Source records
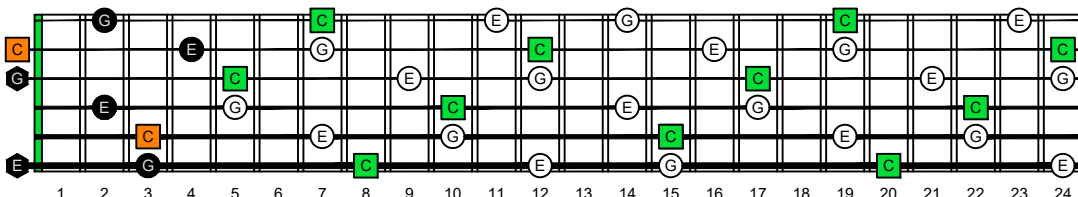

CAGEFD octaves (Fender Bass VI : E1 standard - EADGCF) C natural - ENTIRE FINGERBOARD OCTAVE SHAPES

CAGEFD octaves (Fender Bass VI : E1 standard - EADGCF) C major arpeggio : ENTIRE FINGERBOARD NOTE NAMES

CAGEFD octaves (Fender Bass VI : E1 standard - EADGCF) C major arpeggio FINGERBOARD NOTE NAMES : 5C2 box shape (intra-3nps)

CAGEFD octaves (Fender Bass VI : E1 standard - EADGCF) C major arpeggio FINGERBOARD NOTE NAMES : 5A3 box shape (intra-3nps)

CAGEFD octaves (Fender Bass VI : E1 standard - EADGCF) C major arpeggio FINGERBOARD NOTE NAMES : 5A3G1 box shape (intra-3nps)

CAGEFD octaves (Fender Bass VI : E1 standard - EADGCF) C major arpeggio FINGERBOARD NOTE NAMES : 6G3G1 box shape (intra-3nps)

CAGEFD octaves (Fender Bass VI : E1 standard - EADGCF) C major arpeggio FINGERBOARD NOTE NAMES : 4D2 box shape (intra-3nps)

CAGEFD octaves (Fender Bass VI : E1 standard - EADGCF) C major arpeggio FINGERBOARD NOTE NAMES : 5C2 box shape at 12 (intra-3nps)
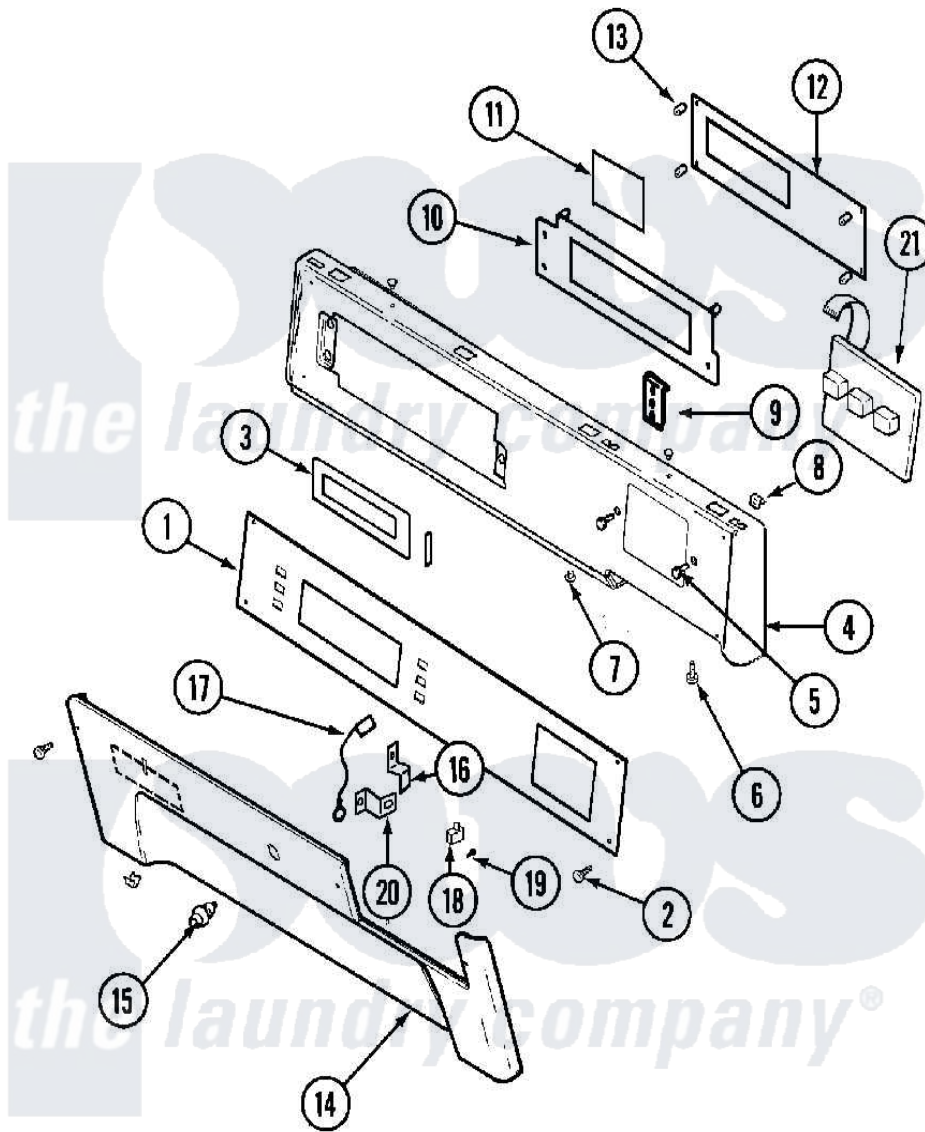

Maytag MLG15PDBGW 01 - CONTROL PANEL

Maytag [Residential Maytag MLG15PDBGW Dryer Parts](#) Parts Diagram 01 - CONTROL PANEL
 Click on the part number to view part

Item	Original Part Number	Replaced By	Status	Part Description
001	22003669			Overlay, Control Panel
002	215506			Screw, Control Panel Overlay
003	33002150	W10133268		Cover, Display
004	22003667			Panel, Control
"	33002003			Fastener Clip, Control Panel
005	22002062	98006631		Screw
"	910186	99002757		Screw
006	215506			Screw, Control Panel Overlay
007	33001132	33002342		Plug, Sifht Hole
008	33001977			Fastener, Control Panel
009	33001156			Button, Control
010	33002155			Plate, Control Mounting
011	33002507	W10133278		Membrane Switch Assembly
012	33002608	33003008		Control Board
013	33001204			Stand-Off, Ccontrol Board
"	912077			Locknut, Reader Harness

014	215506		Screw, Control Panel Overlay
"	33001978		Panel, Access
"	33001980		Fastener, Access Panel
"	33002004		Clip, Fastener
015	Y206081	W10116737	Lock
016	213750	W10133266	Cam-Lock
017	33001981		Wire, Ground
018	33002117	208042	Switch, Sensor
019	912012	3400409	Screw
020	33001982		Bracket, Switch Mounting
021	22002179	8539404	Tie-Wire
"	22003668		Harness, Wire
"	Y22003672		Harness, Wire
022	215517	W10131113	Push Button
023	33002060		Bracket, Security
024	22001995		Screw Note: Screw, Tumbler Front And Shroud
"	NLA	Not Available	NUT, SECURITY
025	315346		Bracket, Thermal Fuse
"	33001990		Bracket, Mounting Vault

**Exercise objective:**
Repeat each entry exactly as it appears; skip any picture.

**Written solution:**
CAGEFD octaves (Fender Bass VI : E1 standard - EADGCF) C natural - ENTIRE FINGERBOARD OCTAVE SHAPES

CAGEFD octaves (Fender Bass VI : E1 standard - EADGCF) C major arpeggio : ENTIRE FINGERBOARD NOTE NAMES

CAGEFD octaves (Fender Bass VI : E1 standard - EADGCF) C major arpeggio FINGERBOARD NOTE NAMES : 5C2 box shape (intra-3nps)

CAGEFD octaves (Fender Bass VI : E1 standard - EADGCF) C major arpeggio FINGERBOARD NOTE NAMES : 5A3 box shape (intra-3nps)

CAGEFD octaves (Fender Bass VI : E1 standard - EADGCF) C major arpeggio FINGERBOARD NOTE NAMES : 5A3G1 box shape (intra-3nps)

CAGEFD octaves (Fender Bass VI : E1 standard - EADGCF) C major arpeggio FINGERBOARD NOTE NAMES : 6G3G1 box shape (intra-3nps)

CAGEFD octaves (Fender Bass VI : E1 standard - EADGCF) C major arpeggio FINGERBOARD NOTE NAMES : 4D2 box shape (intra-3nps)

CAGEFD octaves (Fender Bass VI : E1 standard - EADGCF) C major arpeggio FINGERBOARD NOTE NAMES : 5C2 box shape at 12 (intra-3nps)

Maytag MLG15PDBGW 01 - CONTROL PANEL

Maytag [Residential Maytag MLG15PDBGW Dryer Parts](#) Parts Diagram 01 - CONTROL PANEL
 Click on the part number to view part

Item	Original Part Number	Replaced By	Status	Part Description
001	22003669			Overlay, Control Panel
002	215506			Screw, Control Panel Overlay
003	33002150	W10133268		Cover, Display
004	22003667			Panel, Control
"	33002003			Fastener Clip, Control Panel
005	22002062	98006631		Screw
"	910186	99002757		Screw
006	215506			Screw, Control Panel Overlay
007	33001132	33002342		Plug, Sifht Hole
008	33001977			Fastener, Control Panel
009	33001156			Button, Control
010	33002155			Plate, Control Mounting
011	33002507	W10133278		Membrane Switch Assembly
012	33002608	33003008		Control Board
013	33001204			Stand-Off, Ccontrol Board
"	912077			Locknut, Reader Harness

014	215506		Screw, Control Panel Overlay
"	33001978		Panel, Access
"	33001980		Fastener, Access Panel
"	33002004		Clip, Fastener
015	Y206081	W10116737	Lock
016	213750	W10133266	Cam-Lock
017	33001981		Wire, Ground
018	33002117	208042	Switch, Sensor
019	912012	3400409	Screw
020	33001982		Bracket, Switch Mounting
021	22002179	8539404	Tie-Wire
"	22003668		Harness, Wire
"	Y22003672		Harness, Wire
022	215517	W10131113	Push Button
023	33002060		Bracket, Security
024	22001995		Screw Note: Screw, Tumbler Front And Shroud
"	NLA	Not Available	NUT, SECURITY
025	315346		Bracket, Thermal Fuse
"	33001990		Bracket, Mounting Vault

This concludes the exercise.